Wednesday, February 08, 2006

Sale of Banned Items Proves Lucrative

(Feb. 7) - It's a little-noticed legacy of post-9/11 airport security procedures: the brisk commerce spawned by the buying, selling and disposal of the 30 million prohibited items surrendered by passengers at checkpoints.

Some of it is hazardous waste, like Chemical Mace, and is disposed of accordingly. A small portion is pure junk and gets discarded. But scissors, cigarette lighters and pocketknives have value. And, this being the USA, a lucrative market has sprung up around the buying and selling of surrendered items.

Nobody has totaled it up, but the business of disposing of or reselling items banned by the U.S. Transportation Security Administration appears to be valued in the millions of dollars a year. After a traveler leaves behind a banned item - a hunting knife, say - it can follow a strange and convoluted journey to a new owner. That journey often involves a pass through state or local government ownership, and a posting on eBay.

State surplus property offices get first crack at the items, but if they're not equipped to handle them or decide to take a pass, giant contractor Science Application International collects and discards them under a five-year, $17 million government contract.

Some states, including Pennsylvania and Kentucky, wouldn't think of taking the items to a landfill, though, because they are reselling them and making tens to hundreds of thousands of dollars each year. Even little Boulder City, Nev., cashes in.

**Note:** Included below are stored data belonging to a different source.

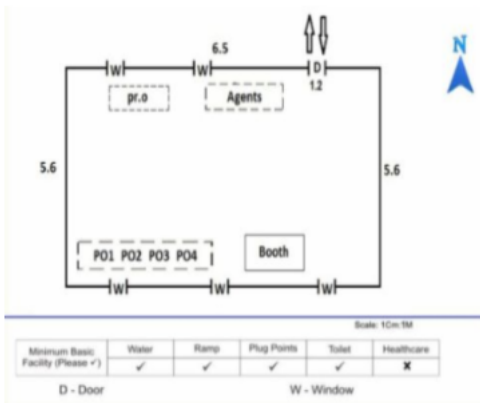

Nazri Naksha

Google Map View

Polling Station Building Front View

Polling Station Front View

Cad View

Key MAP View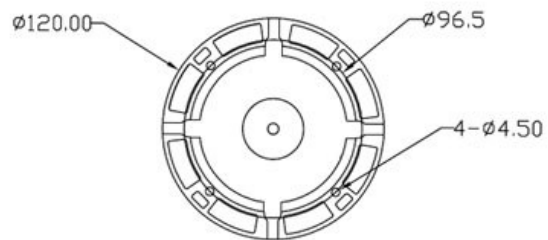

CP- GTC-D20FL4

2 MP Full HD Astra VF IR Dome Camera - 40 Mtr.

Astra HD camera

Main Features

- 1/2.7" 2 MP HQIS Pro Image Sensor
- 25/30fps@1920Px1080p
- Day/Night(ICR), AWB, AGC, BLC
- Plug-n-Play HD/SD Camera
- 2.8-12mm Lens
- Equipped with fine IR LEDs for clearer night vision
- IR Range of 40 Mtr.
- Compatible with HDx, AHD, HDCVI, CVBS and HDTVI DVRs

*Product casing and specifications are subject to change without prior notice

CP- GTC-D20FL4

2 MP Full HD Astra VF IR Dome Camera - 40 Mtr.

Astra HD
camera

Feature

Image Sensor
Minimum Illumination
Shutter Speed
White Balance
Lens
Gain Control(AGC)
Back Light Compensation
S/N Ratio
Video Output
Resolution
ICR
OSD
IR
No. of IR LEDs
Operating Temperature
Humidity
Power Source
Power Consumption
Dimension
Weight

Specification

1/2.7" 2 MP HQIS Pro Image Sensor
Color(0.1Lux),White and Black(0.01Lux IR LED On)
1/50s(1/60s)-1/100,000s (Auto/Fixed)
Auto
2.8-12mm
Auto
Auto
≥52dB
1.0Vp-p Composite Output (75Ω / BNC), HD-AHD(1080P)\ HD-TVI(1080P)\ HD-CVI(1080P)\ CVBS, AHD Default setting
1080P@25 fps
Support
Support
IR Range of 40 Mtr.
36pcsφ5mm
-20°C~+55°C
10% ~ 90% (humidity)
DC12V(+/-10%)
0.4W(2.5W after IR LED Powered on)
118mm x 118mm x 85.20mm
0.534Kg.

"Everything sells," says Kenneth Hess, director of Pennsylvania's Bureau of Supplies and Surplus Operations. In December the agency sold more than $17,000 worth of items it received from the TSA and ships about 5,000 pounds of such items to eBay buyers each month.

TSA, which makes no money from the items left at checkpoints, disposes of most items the same way other federal agencies dispose of property with commercial value: It gives it to state and local governments, who are free to donate or sell it. That's how people like Hess get involved.

States like Pennsylvania sell boxes, boxes and more boxes of scissors, tools and pocketknives. A 39-pound box containing 500 Swiss Army knives sold on eBay in 2004 for $595 to a California buyer - the highest sale of Pennsylvania's state surplus office since it began selling surrendered airport items two years ago.